There exists at-least 3 different popular strategies:

Asynchronous — ‘set’ operations are forwarded to the leader responsible for the key. The leader updates its hashtable and also asynchronously broadcasts the set operation to all the replicas.
But the client need not wait for all the replicas to have been updated.
During get operation, forward the request to one of the replicas.
But there is no guarantee that we will get the latest value for a key since asynchronous updates might have not completed yet for some replicas.
Synchronous —The leader updates its hashtable and synchronously broadcasts the set operation to all the replicas. The request ensures that all the servers in the partition are sucessfully updated before returning to the client and accepting any new read requests.
During get operation we forward the request to one of the replica.
Here we are guaranteed to get latest value for a key.
Semi-synchronous —During set operation, the request ensures that atleast (N+1)/2 servers are sucessfully updated before returning to the client (assuming N is odd).
If latest value is desired then during get operation, we query any (N+1)/2 servers and based on latest request id we choose which value to return. If older value is ok then we can query any replica.

Note that the leader is a single point of failure although we can mitigate that using leader election algorithms. Another possibility is using multiple leaders (across multiple regions).

The latest value or strong consistency guarantee for synchronous replication may not hold true when we have multiple leaders across regions. Because there is no single source of truth.

But let’s assume for now we only have a single leader.

The code for the core hashtable can be found here:

distributed-hash-table/hashtable.py at main · funktor/distributed-hash-table (github.com)

For simplicity, let’s use the fully synchronous replication for our DHT.

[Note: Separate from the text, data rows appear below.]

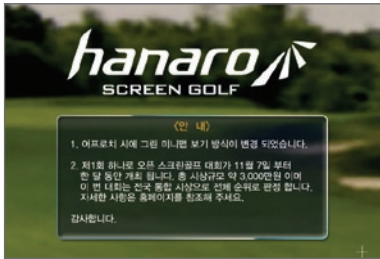

△ 挥杆-击球的重放

△ 可查询自己的排名

△ 介绍网上竞赛及各种活动

△ 查询竞赛记录

持续升级的网络内容

若注册成HANARO室内模拟高尔夫网络会员后参加竞赛, 自己的记录和挥杆视频经过筛选后, 会自动传送到会员专用网页, 同时还举办可获得各种奖品的竞赛、活动, 在这里还能了解各种有关高尔夫的信息等。

网络管理者

Innovation in golf simulator

△ 便捷的远程控制服务

△ 自动编排及球场升级

△ 网络管理者-可一览各房间情况

△ 对变更及公告的通知

△ 网络管理者-批准管理及使用目录等运营所需的功能都包括在内

△ 事件通知屏幕

门店管理-随时随地均能方便管理。

HANARO室内模拟高尔夫，取消复杂且不必要的功能，提供及时网络管理者系统，使任何人都能方便管理和了解。在此系统上可以另行指定下级管理者(临时工)，便捷地进行收费球场使用记录、批准、竞赛等。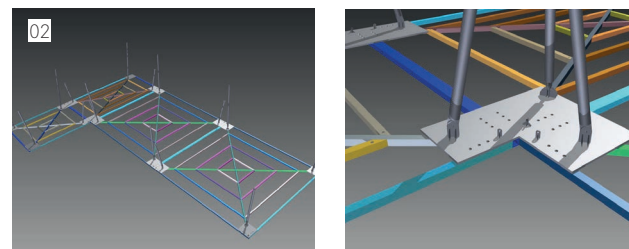

SOPHISTICATED ANCHORING

The wooden floor consists of a base frame which allows a height adjustment, carries the supports of the awning and also allows the attachment of the wind-shield glass walls. In addition, the event platform was equipped with 2 ramps to allow people with a disability wheel-chair entry into the lounge. The counter is fit to the wooden decking and dark rattan furniture complement the ensemble.

02 _ Verankerung
Anchoring

03 _ Mit Rampe
With ramp.

KONSTRUKTIONSDetails. CONSTRUCTION DETAILS

04 _ Anlieferung auf Paletten.
Delivery on pallets.

05 _ Aufbau des Eventbodens
Construction of the platform.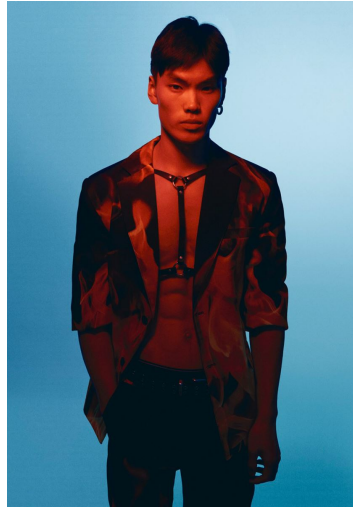

## BUYANT

GRÖSSE **185** OBERWEITE **93**  
TAILLE **74** HÜFTE **94**  
SCHUHE **43** HAARE **SCHWARZ**  
AUGEN **SCHWARZ**

**M4**  
MODELS

HEIGHT **6' 1"** BUST **36"**  
WAIST **29"** HIPS **37"**  
SHOES **10** HAIR **BLACK**  
EYES **BLACK**

# BUYANT

GRÖSSE **185** OBERWEITE **93**  
TAILLE **74** HÜFTE **94**  
SCHUHE **43** HAARE **SCHWARZ**  
AUGEN **SCHWARZ**

**M4**  
MODELS

HEIGHT **6' 1"** BUST **36"**  
WAIST **29"** HIPS **37"**  
SHOES **10** HAIR **BLACK**  
EYES **BLACK**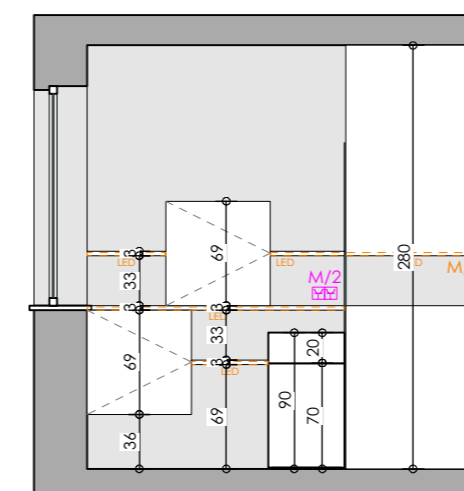

GELIJKVLOERS

VERDIEPING +1

app. 0.2a - keuken - doorsnede A

app. 0.2a - keuken - doorsnede B

app. 0.2a - badkamer - doorsnede C

app. 0.2a - badkamer - doorsnede D

N

APP. 0.2
grondplan - doorsnedes

16 096 - Res. ODIEL
bouwplaats: Beverensestraat 51, 8850 Ardoie
datum: 24/09/19 (sc)
schaal: 1/50
afdrukformaat: A2

bvba **Devoldere Koenraad - Vloerdecor**
Pittensestraat 37, 8850 Ardoie
t: 051/74.62.30
f: 051/74.70.24
e: info@vloerdecor.be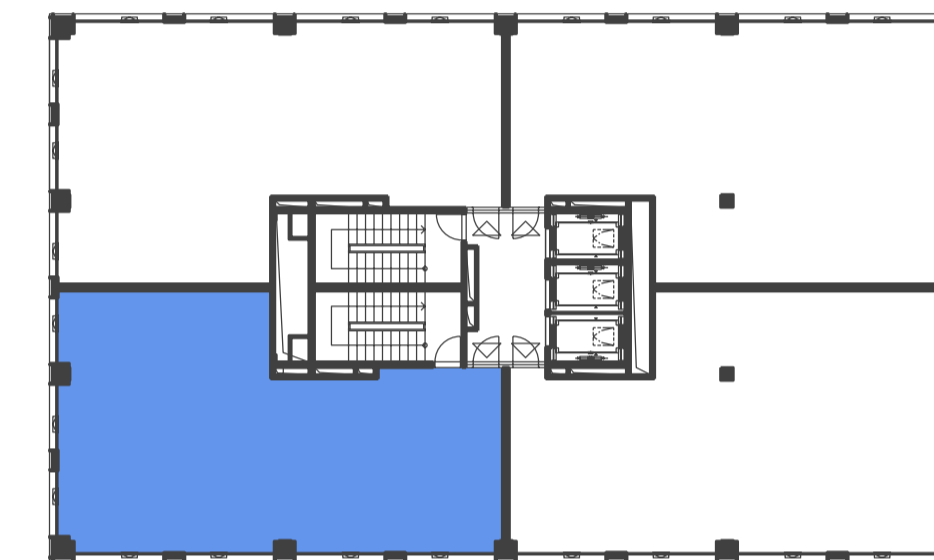

DUETT I.

PÔDORYS 9.NP - KANCELÁRSKE PRIESTORY I-9.02, KANCELÁRIE

ZOZNAM MIESTNOSTI

Č.M.	ÚČEL MIESTNOSTI	PLOCHA m ²
I-9.02	KANCELÁRSKE PRIESTORY	123,80

PÔDORYS 9.NP

POZDĽŽNY REZ OBJEKTOM

DUETT I.

DUETT II.

DUETT

DUETT I.

PÔDORYS 9.NP - KANCELÁRSKE PRIESTORY I-9.02, OPEN SPACE

ZOZNAM MIESTNOSTI

Č.M.	ÚČEL MIESTNOSTI	PLOCHA m ²
I-9.02	KANCELÁRSKE PRIESTORY	123,80

PÔDORYS 9.NP

POZDĽŽNY REZ OBJEKTOM

DUETT I.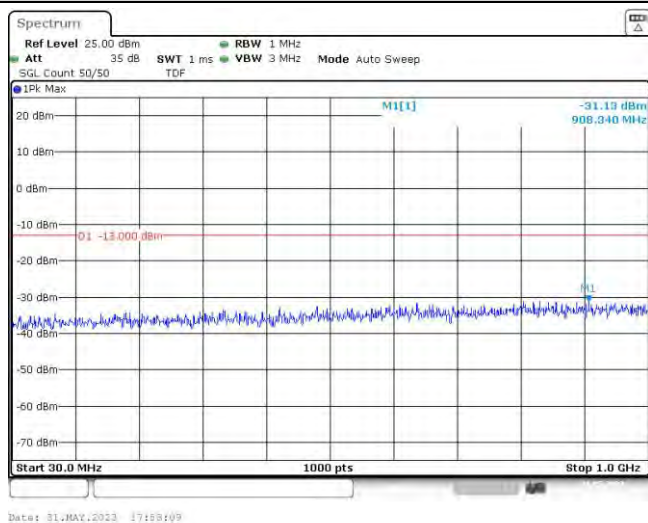

Band66-20MHz-QPSK-132322-1RB#0-Range2:1000~10000MHz

Band66-20MHz-QPSK-132322-100RB#0-Range1:30~1000MHz

Band66-20MHz-QPSK-132322-100RB#0-Range2:1000~10000MHz

Band66-20MHz-QPSK-132572-1RB#0-Range1:30~1000MHz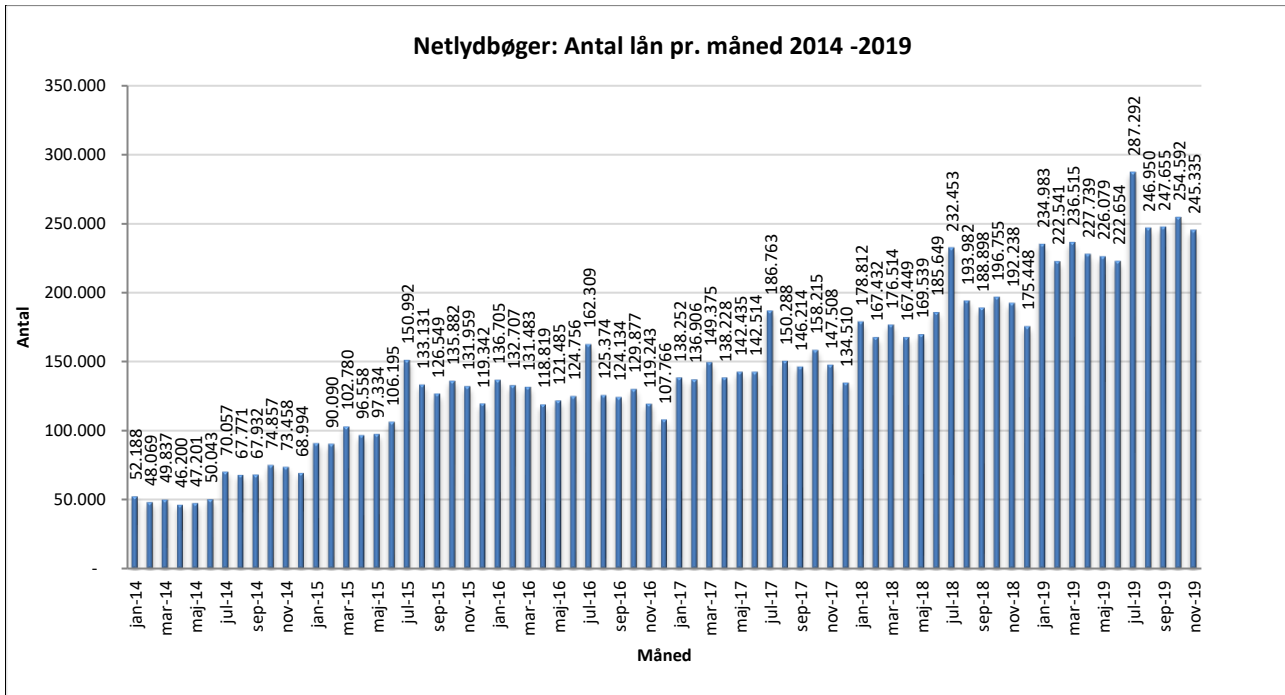

Statistik for anvendelsen af Netlydbøger, november 2019

Målingerne af antal lån samt unikke brugere indeholder tal for anvendelsen af apps og websitet.

Antal lån fordelt på måneder

Brugere

Unikke brugere fordelt på måneder.

Antal titler fordelt på måneder

Note: Antal titler for de enkelte måneder trækkes i starten af den efterfølgende måned. Antal titler for december 2015 er altså trukket pr 05.01.2016, hvilket betyder, at de manglende aftaler for 2016 med flere forlag allerede er afspejlet for i tallet for december. Det antal titler, der reelt var til rådighed i december, var altså højere end angivet i grafen.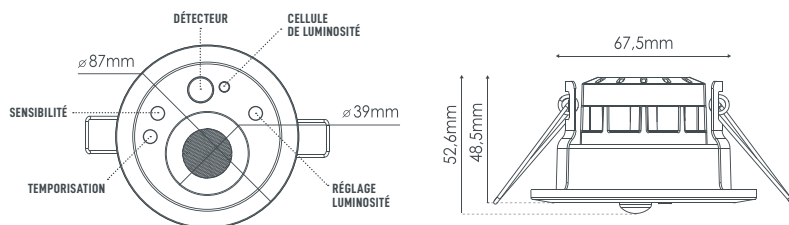

SOLUM

Light is coming

DRACO

Encastré de plafond avec détecteur de mouvements intégré

Spot de plafond IP65 RT 2012 / RE 2020
Collerette interchangeable

CARACTÉRISTIQUES

- > Garantie 5 ans
- > Détecteur de mouvement autonome infrarouge intégré
- > Connecteur automatique repiquable
- > Réglage de temporisation de 5 secondes à 12 minutes
- > Étanche à l'air
- > Réglage de luminosité de 10 à 4000 lux
- > RT 2012 / RE 2020
- > Réglage de sensibilité de 0 à 6 mètres
- > Compatible isolant déroulé et soufflé
- > Colletette blanche incluse
- > Sélecteur face avant
- 2 températures : 3000K / 4000K

DONNÉES TECHNIQUES

Normes	RT 2012 / RE 2020 / CE / EN 60598
Matériaux	Aluminium / Plastique
Durée de vie	50 000 heures - L70B10
Dimmable	Non
Température de fonctionnement	-15° à +40° celsius
Nombre de cycles	100.000
IP	65 (sur face avant quand installé au plafond)
Classe électrique	3

DONNÉES PHOTOMÉTRIQUES

Référence	Angle	T° Couleur	IRC	Lm	W	Step Macadam
S0130790D	60°	CCT 3000K / 4000K	>80Ra	655-710	7	< 4

DIMENSIONS

Diamètre d'encastrement de 67mm

- > Hauteur d'installation recommandée à 2,5 mètres
- > Détection à 360° avec diamètre de 6 mètres à 18°C
- > L'installation du produit doit être réalisée loin de toute source de chaleur pouvant entraîner des allumages intempestifs

If you have seen the code from the previous part, in our latest version of the hashtable_service we are adding replication. For this we did few modifications to the code:

The partitions command line parameter is an array of array instead of just an array. Each array is a partition with the first one being the leader. For e.g. if we have a partition A of 3 machines: ‘127.0.0.1:5001’, ‘127.0.0.1:5002’ and ‘127.0.0.1:5003’ and partition B of 3 machines: ‘127.0.0.1:5004’, ‘127.0.0.1:5005’ and ‘127.0.0.1:5006’, then the partitions input would look like:
“[[‘127.0.0.1:5001’, ‘127.0.0.1:5002’, ‘127.0.0.1:5003’], [‘127.0.0.1:5004’, ‘127.0.0.1:5005’ and ‘127.0.0.1:5006’]]”
During initialization, we assign the cluster index by scanning through the partitions array. Also the service in the 1st index is assigned to be the leader. In the above example, ‘127.0.0.1:5001’ and ‘127.0.0.1:5004’ are the leaders of the corresponding partitions.
When a service receives a set request for a key. It first checks if the key is intended for its own partition. If it is, then it sets the key in the hashtable. Also if it is the leader, then it broadcasts the set operation to all its replicas. If the key is not intended for its partition, then it is forwarded to the leader of the partition for which it was intended for.
When a service receives a get request for a key. It first checks if the key is intended for its own partition. If it is then it gets the value for the key from hashtable. If the key is not intended for its partition, then select a random replica from the intended partition and forward it to that replica.
During broadcast of write to replicas, we wait for the replica servers to get started and then send the message. Also we need to wait indefinitely if a replica server is not responding or has crashed because we are doing synchronous replication.
During forward of read request, if the server where request is forwarded is not responding or has crashed, we try a different random server after a timeout interval.
During broadcast of write to replicas we use a blocking queue to capture the responses as we are sending the requests in parallel threads.
We are using multithreaded Locks for sockets because since we are re-using sockets for sending and receiving messages, if 2 or more parallel threads are sending message to the same socket, then there is no guarantee that the responses will arrive in the same order. Thus we ensure sending and receiving messages through sockets are sequential.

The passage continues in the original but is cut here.